- **Task directions**
Below are the records; give the number of their lines that contain the word "Kompact" and nothing more.

[Stored records]

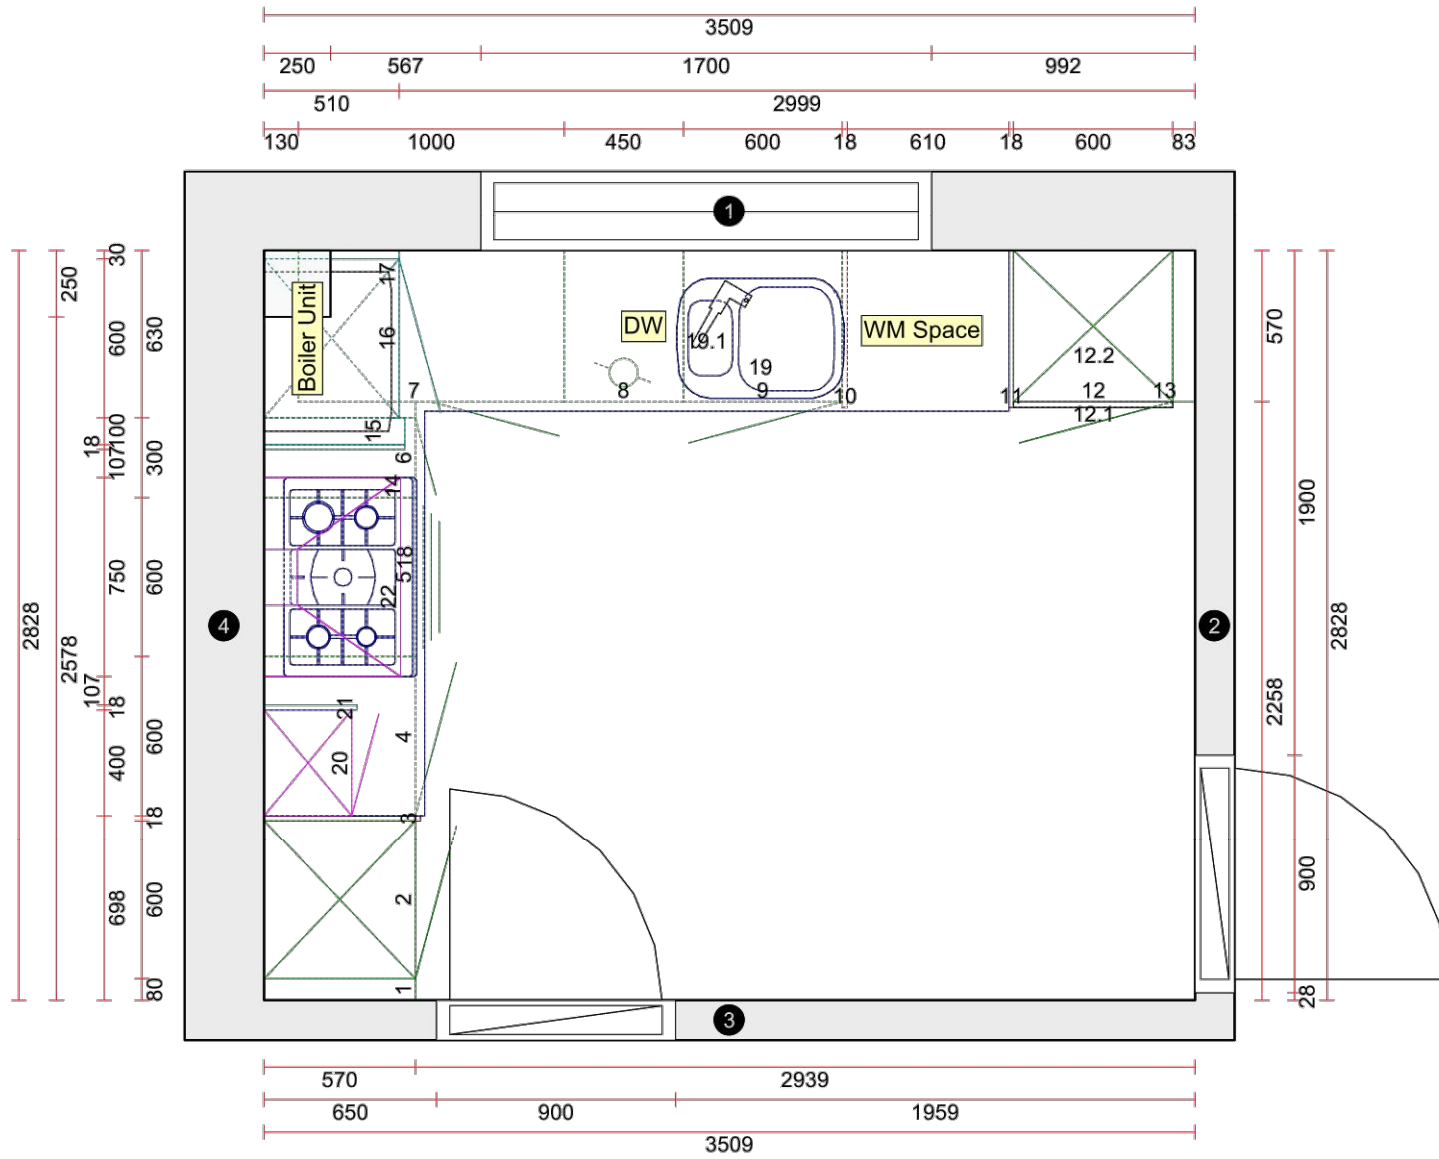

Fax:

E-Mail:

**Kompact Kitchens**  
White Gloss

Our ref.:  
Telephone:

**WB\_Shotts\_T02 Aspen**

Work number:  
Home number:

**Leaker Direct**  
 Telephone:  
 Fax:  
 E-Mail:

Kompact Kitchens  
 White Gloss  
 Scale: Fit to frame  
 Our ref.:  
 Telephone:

- **Solved exercise**
2